EXCERPTED RECORDS:
____________________
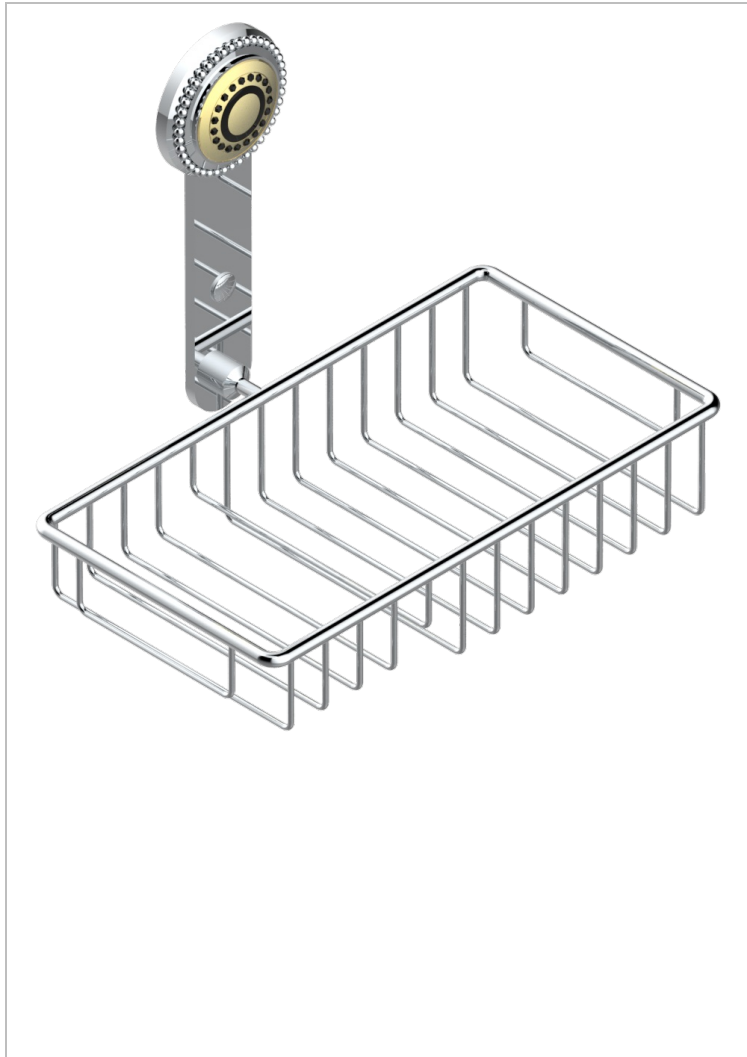

MONTE CARLO PORCELAINE OR

U8B-2620

Porte-savon fil et porte-éponge combinés 240x130 mm avec rosace

THG
PARIS

CARACTÉRISTIQUES

- Accessoire en laiton

FINITIONS DISPONIBLES

Bronze clair - D01
Chromé - A02
Chromé / doré - G02
Chromé mat - C02
Doré brillant - F01
Doré mat - F07

Nickel brillant - B01
Nickel mat - C01
Noir mat céramique - D30
Or pâle - F30
Or pâle mat - F31
Vieux cuivre rouge mat - H07

Vieux nickel - H28
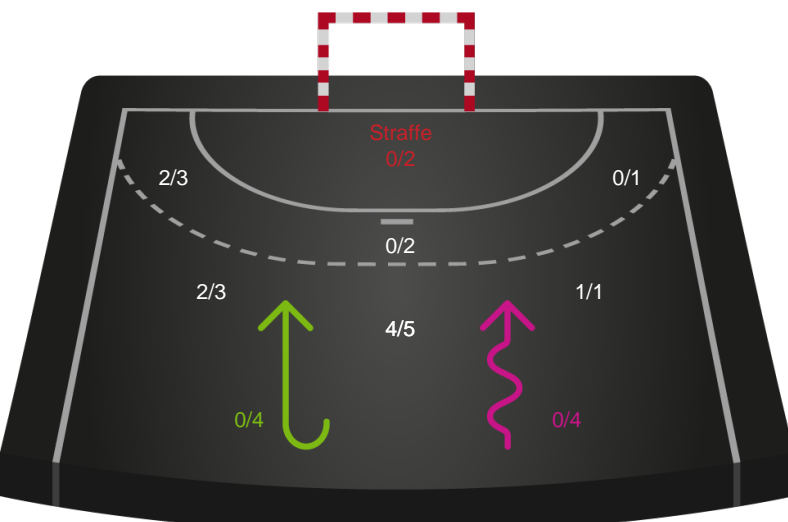

Shotplot for Anden halvleg

Nykøbing F. Håndboldklub - København Håndbold - 32-36 (14-19)

256115 / 03.09.2020, 20.00 / Lånlet Arena, Nykøbing F. / Bambusa Kvindeligaen - Grundspil

Intet billede angivet

Nykøbing F. Håndboldklub

Redningsdiagram
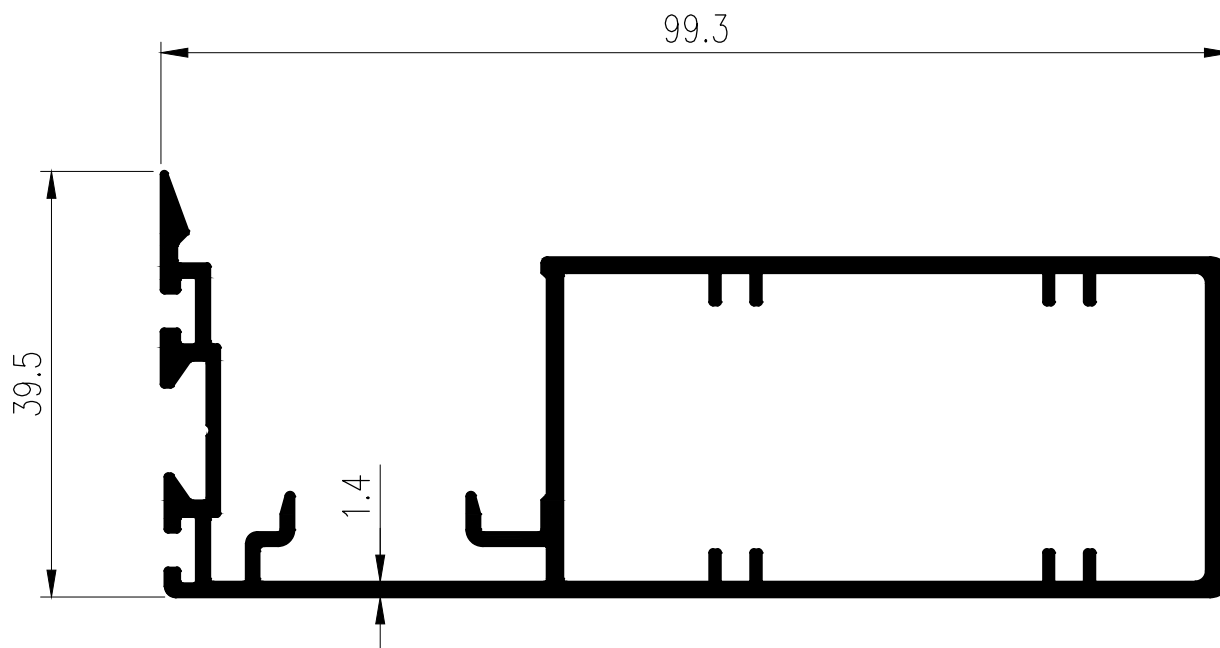

## SLIDING WINDOW ชุดบานเลื่อน EURO TARA

**T-15445**  
**WT : 0.150 kg./m.**

**T-15444**  
**WT : 0.131 kg./m.**

**T-15443**  
**WT : 0.090 kg./m.**

**T-15667**  
**WT : 1.281 kg./m.**

**T-15777**  
**WT : 1.320 kg./m.**
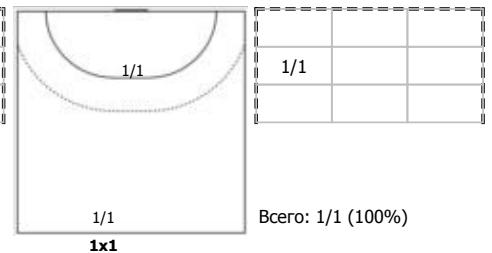

Лада (Тольятти) - Уфа-Алиса (Уфа) 32:18 (18:9)

В Уфа-Алиса, Уфа

Игроки

Голы/броски

№4 Шатова Полина (Правый крайний)

№5 Киселева Анастасия (Левый крайний)

№8 Костина Инна (Правый крайний)

№9 Фингарет Анастасия (Центральный)
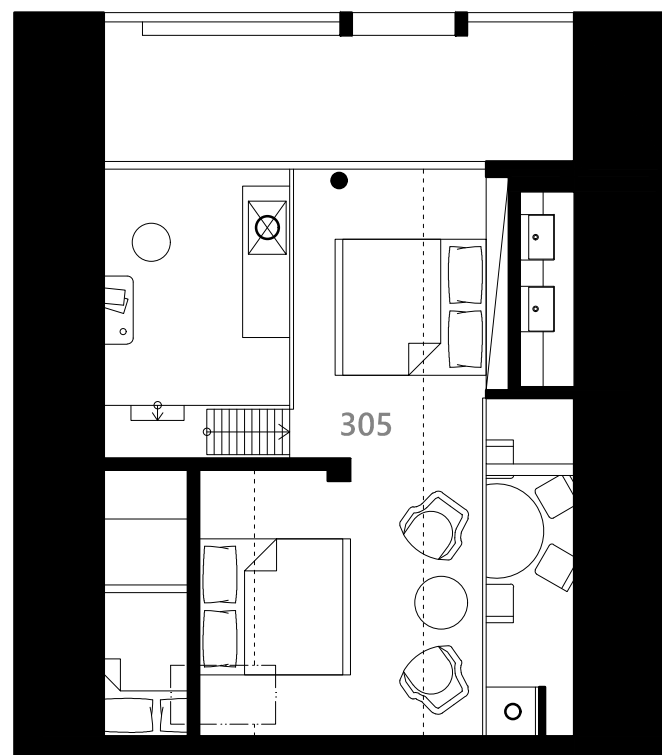

STŘÍBRNICE Č.P. 212  
APARTMÁNY

**D**<sub>205</sub>

|     |                       |                            |
|-----|-----------------------|----------------------------|
| 222 | zádveří               | 6,8 m <sup>2</sup>         |
| 223 | WC                    | 1,6 m <sup>2</sup>         |
| 224 | koupelna, WC          | 7,1 m <sup>2</sup>         |
| 225 | kuchyně, jídelna      | 17,9 m <sup>2</sup>        |
| 226 | ložnice               | 12,4 m <sup>2</sup>        |
| 227 | obytný prostor        | 26,1 m <sup>2</sup>        |
| 228 | loggie                | 2,5 m <sup>2</sup>         |
| 229 | loggie                | 2,1 m <sup>2</sup>         |
| 230 | loggie                | 18,7 m <sup>2</sup>        |
| 305 | spací kout            | 22,8 m <sup>2</sup>        |
|     | <b>celková plocha</b> | <b>118,0 m<sup>2</sup></b> |
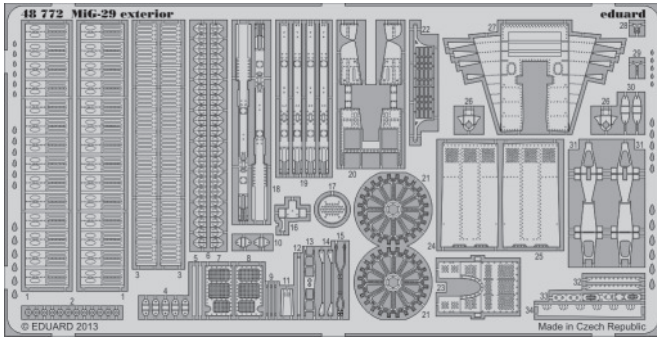

# MiG-29 Fulcrum exterior

eduard

1/48 scale detail set for Great Wall Hobby kit • sada detailů pro model 1/48 Great Wall Hobby

**48 772**

- ★ APPLY EXPRESS MASK AND PAINT BEFORE GLUING  
POUŽIT EXPRESS MASK NABARVIT PŘED SLEPENÍM
- ☉ SYMETRICAL ASSEMBLY  
SYMETRICKÁ MONTÁŽ
- REMOVE  
ODSTRANIT
- ▨ GRIND  
OBROUSIT
- ⊘ DRILL HOLE  
VRTAT OTVOR
- 1 COLORED ETCHED PARTS  
LEPTANÉ BAREVNÉ DÍLY
- ↪ BEND  
OHNOUT
- ? OPTION  
VOLBA
- Ⓜ REPLACE  
NAHRADIT

■ ORIGINAL KIT PARTS  
PŮVODNÍ DÍLY STAVEBNICE

■ PHOTO-ETCHED PARTS  
LEPTANÉ DÍLY

■ PARTS TO BE REMOVED  
DÍLY K ODSTRANĚNÍ

■ FILL  
TMELIT

**2 pcs.**

For further detail sets look for **eduard** 49 627 MiG-29 interior S.A. (not included in this set)
____________________
TASK OBJECTIVE:
I'd like the lines above from the one with "226 | ložnice" up to and including the one with "230 | loggie" copied exactly, with no other lines.

RESPONSE TO THE TASK:
| 226 | ložnice               | 12,4 m <sup>2</sup>        |
| 227 | obytný prostor        | 26,1 m <sup>2</sup>        |
| 228 | loggie                | 2,5 m <sup>2</sup>         |
| 229 | loggie                | 2,1 m <sup>2</sup>         |
| 230 | loggie                | 18,7 m <sup>2</sup>        |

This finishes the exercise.